== EXERCISE DIRECTIONS ==
Print the entries exactly as they appear, and omit any images.

== WORKING DATA ==
....

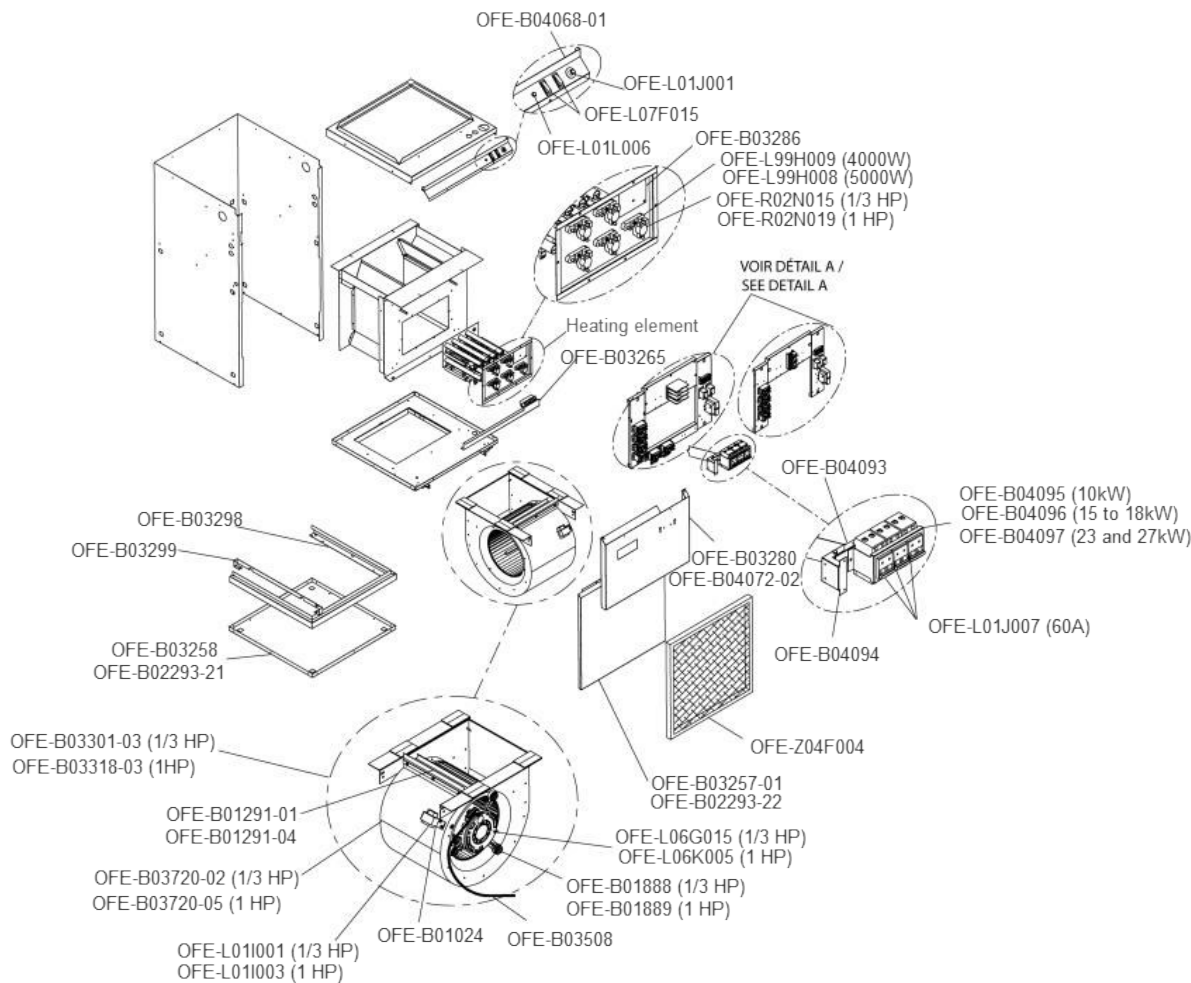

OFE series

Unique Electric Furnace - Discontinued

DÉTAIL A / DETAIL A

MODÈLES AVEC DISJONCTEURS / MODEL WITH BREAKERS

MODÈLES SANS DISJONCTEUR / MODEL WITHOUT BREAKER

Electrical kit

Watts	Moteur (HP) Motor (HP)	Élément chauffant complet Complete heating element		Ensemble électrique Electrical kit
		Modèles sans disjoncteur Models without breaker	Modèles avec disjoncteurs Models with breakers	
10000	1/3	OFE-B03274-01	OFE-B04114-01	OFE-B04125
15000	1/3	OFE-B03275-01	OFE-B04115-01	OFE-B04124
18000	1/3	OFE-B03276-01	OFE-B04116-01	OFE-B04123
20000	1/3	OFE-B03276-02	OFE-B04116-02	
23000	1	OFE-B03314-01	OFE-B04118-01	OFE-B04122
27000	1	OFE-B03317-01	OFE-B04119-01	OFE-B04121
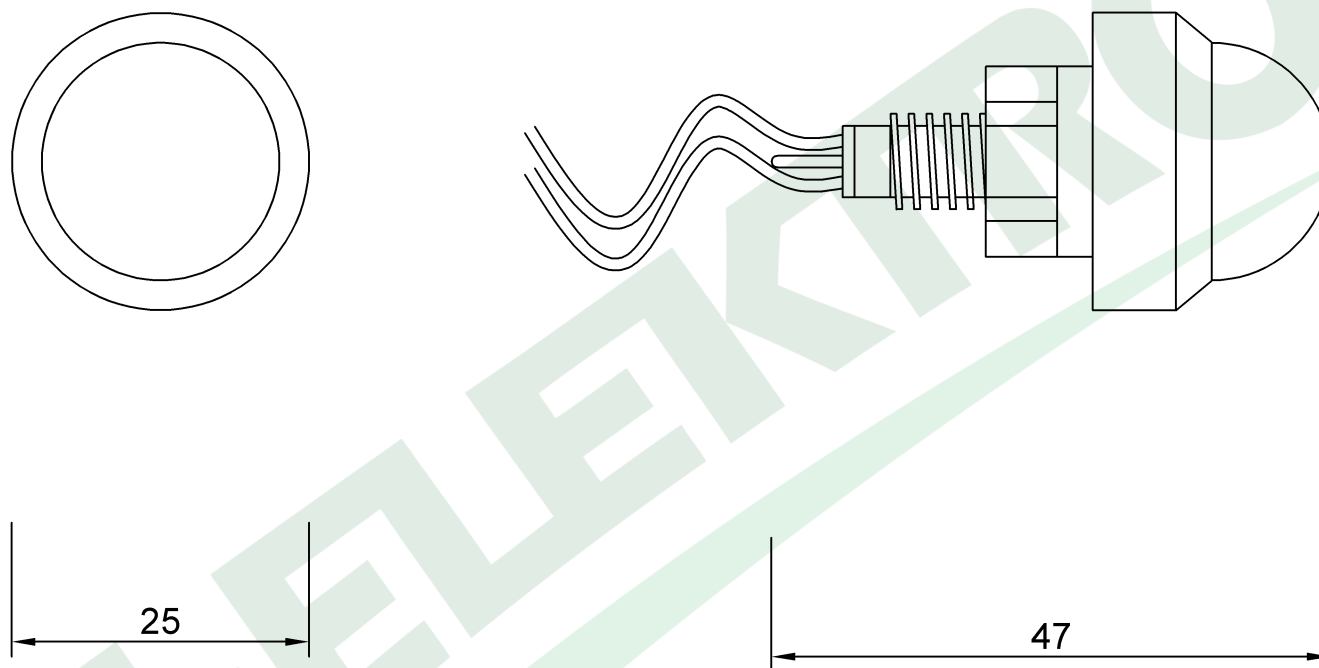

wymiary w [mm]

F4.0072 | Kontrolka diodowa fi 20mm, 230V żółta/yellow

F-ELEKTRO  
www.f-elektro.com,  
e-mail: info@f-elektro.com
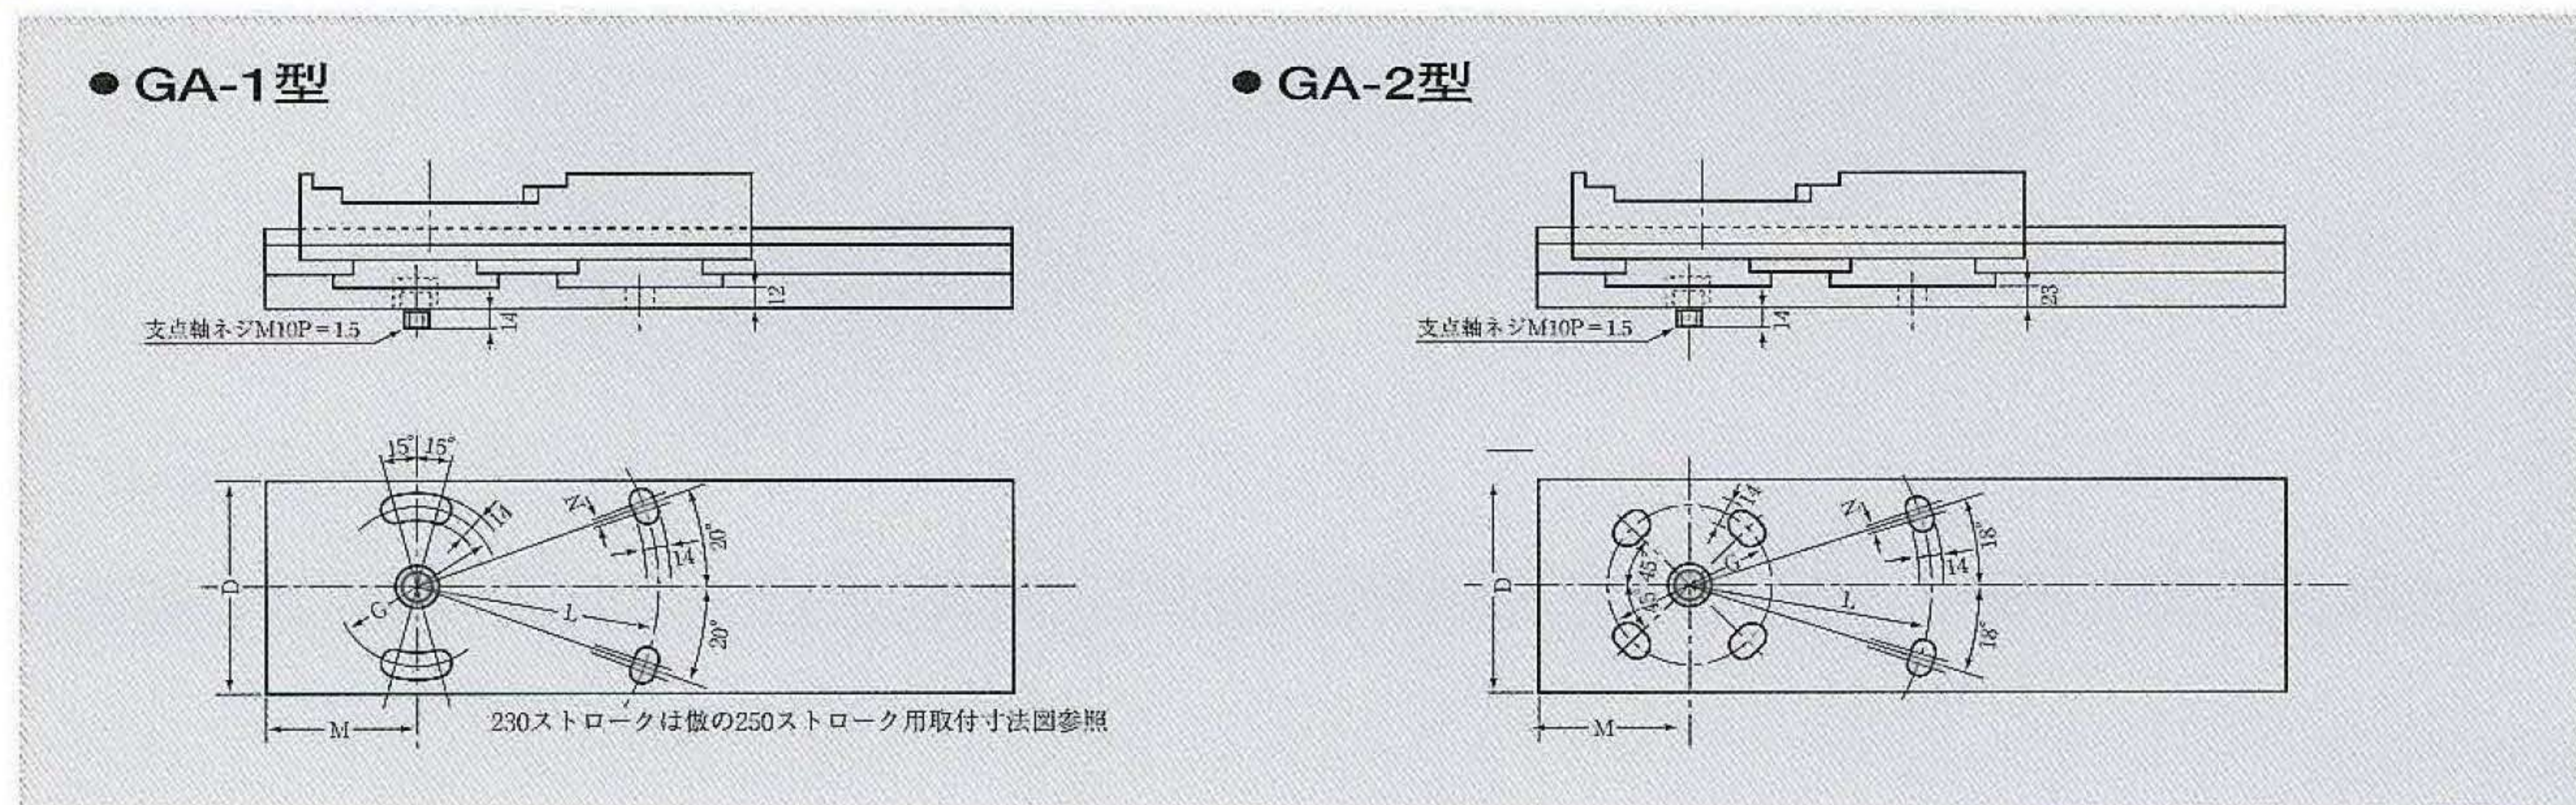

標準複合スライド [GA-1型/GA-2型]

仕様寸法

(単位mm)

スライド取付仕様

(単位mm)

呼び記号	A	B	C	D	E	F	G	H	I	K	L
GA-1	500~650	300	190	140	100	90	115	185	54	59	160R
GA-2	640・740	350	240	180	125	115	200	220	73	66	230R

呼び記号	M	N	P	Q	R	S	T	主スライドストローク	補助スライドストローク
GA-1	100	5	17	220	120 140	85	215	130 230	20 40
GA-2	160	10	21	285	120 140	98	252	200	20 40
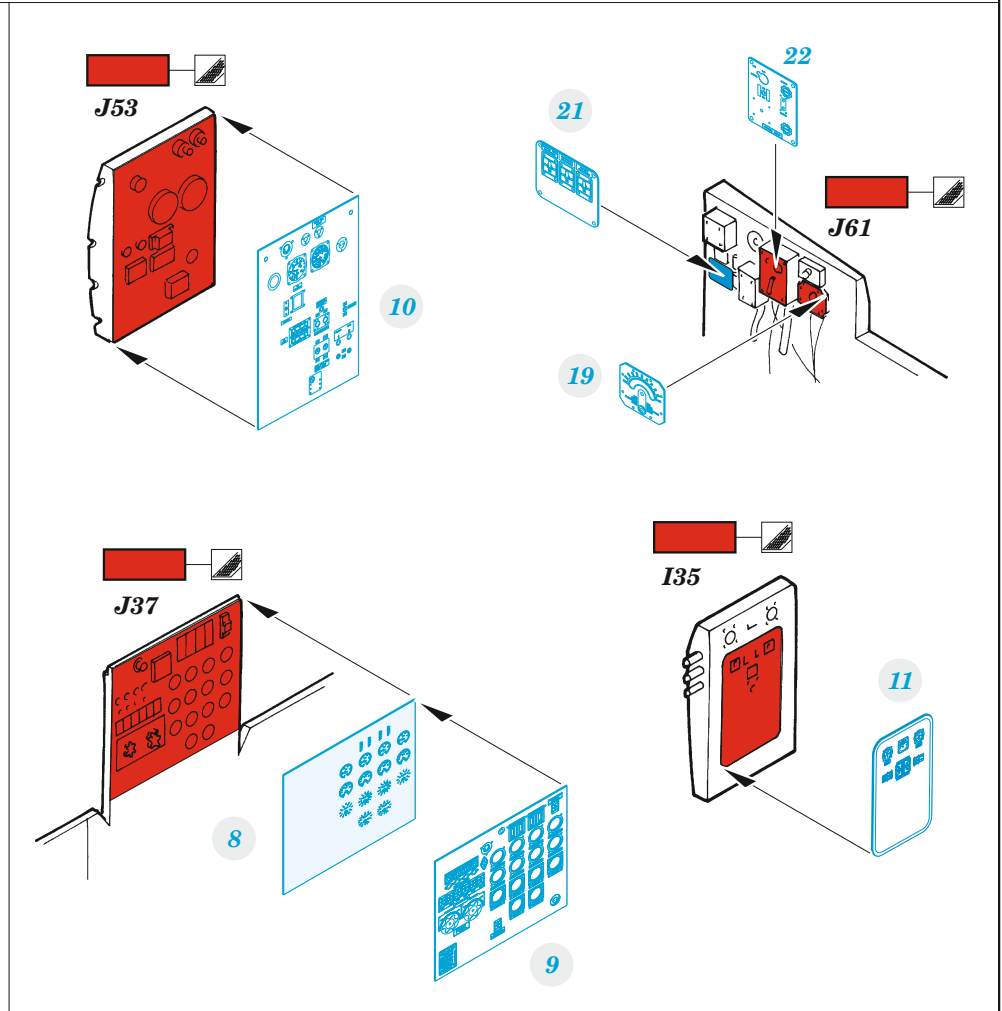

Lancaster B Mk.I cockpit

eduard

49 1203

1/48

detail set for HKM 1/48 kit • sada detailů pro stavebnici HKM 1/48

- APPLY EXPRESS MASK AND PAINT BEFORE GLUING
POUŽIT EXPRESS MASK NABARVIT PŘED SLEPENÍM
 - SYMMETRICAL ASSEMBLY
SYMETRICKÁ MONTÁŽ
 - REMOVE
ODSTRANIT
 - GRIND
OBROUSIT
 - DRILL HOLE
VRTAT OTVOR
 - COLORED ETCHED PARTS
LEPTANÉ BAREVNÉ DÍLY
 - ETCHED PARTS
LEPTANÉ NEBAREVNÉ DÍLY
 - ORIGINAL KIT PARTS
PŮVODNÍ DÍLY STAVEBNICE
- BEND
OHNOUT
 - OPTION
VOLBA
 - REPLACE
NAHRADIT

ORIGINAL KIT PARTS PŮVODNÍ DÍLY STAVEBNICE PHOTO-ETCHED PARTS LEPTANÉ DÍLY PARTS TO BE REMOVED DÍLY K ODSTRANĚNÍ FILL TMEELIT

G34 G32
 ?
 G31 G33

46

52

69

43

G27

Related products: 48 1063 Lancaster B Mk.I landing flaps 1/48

....

== RESULT OF THIS TASK ==
OFE series

Unique Electric Furnace - Discontinued

DÉTAIL A / DETAIL A

MODÈLES AVEC DISJONCTEURS / MODEL WITH BREAKERS

MODÈLES SANS DISJONCTEUR / MODEL WITHOUT BREAKER

Electrical kit

Watts	Moteur (HP) Motor (HP)	Élément chauffant complet Complete heating element		Ensemble électrique Electrical kit
		Modèles sans disjoncteur Models without breaker	Modèles avec disjoncteurs Models with breakers	
10000	1/3	OFE-B03274-01	OFE-B04114-01	OFE-B04125
15000	1/3	OFE-B03275-01	OFE-B04115-01	OFE-B04124
18000	1/3	OFE-B03276-01	OFE-B04116-01	OFE-B04123
20000	1/3	OFE-B03276-02	OFE-B04116-02	
23000	1	OFE-B03314-01	OFE-B04118-01	OFE-B04122
27000	1	OFE-B03317-01	OFE-B04119-01	OFE-B04121

wymiary w [mm]

F4.0072 | Kontrolka diodowa fi 20mm, 230V żółta/yellow

F-ELEKTRO  
www.f-elektro.com,  
e-mail: info@f-elektro.com

標準複合スライド [GA-1型/GA-2型]

仕様寸法

(単位mm)

スライド取付仕様

(単位mm)

呼び記号	A	B	C	D	E	F	G	H	I	K	L
GA-1	500~650	300	190	140	100	90	115	185	54	59	160R
GA-2	640・740	350	240	180	125	115	200	220	73	66	230R

呼び記号	M	N	P	Q	R	S	T	主スライドストローク	補助スライドストローク
GA-1	100	5	17	220	120 140	85	215	130 230	20 40
GA-2	160	10	21	285	120 140	98	252	200	20 40

Lancaster B Mk.I cockpit

eduard

49 1203

1/48

detail set for HKM 1/48 kit • sada detailů pro stavebnici HKM 1/48

- APPLY EXPRESS MASK AND PAINT BEFORE GLUING
POUŽIT EXPRESS MASK NABARVIT PŘED SLEPENÍM
 - SYMMETRICAL ASSEMBLY
SYMETRICKÁ MONTÁŽ
 - REMOVE
ODSTRANIT
 - GRIND
OBROUSIT
 - DRILL HOLE
VRTAT OTVOR
 - COLORED ETCHED PARTS
LEPTANÉ BAREVNÉ DÍLY
 - ETCHED PARTS
LEPTANÉ NEBAREVNÉ DÍLY
 - ORIGINAL KIT PARTS
PŮVODNÍ DÍLY STAVEBNICE
- BEND
OHNOUT
 - OPTION
VOLBA
 - REPLACE
NAHRADIT

ORIGINAL KIT PARTS PŮVODNÍ DÍLY STAVEBNICE PHOTO-ETCHED PARTS LEPTANÉ DÍLY PARTS TO BE REMOVED DÍLY K ODSTRANĚNÍ FILL TMEELIT

G34 G32
 ?
 G31 G33

46

52

69

43

G27

Related products: 48 1063 Lancaster B Mk.I landing flaps 1/48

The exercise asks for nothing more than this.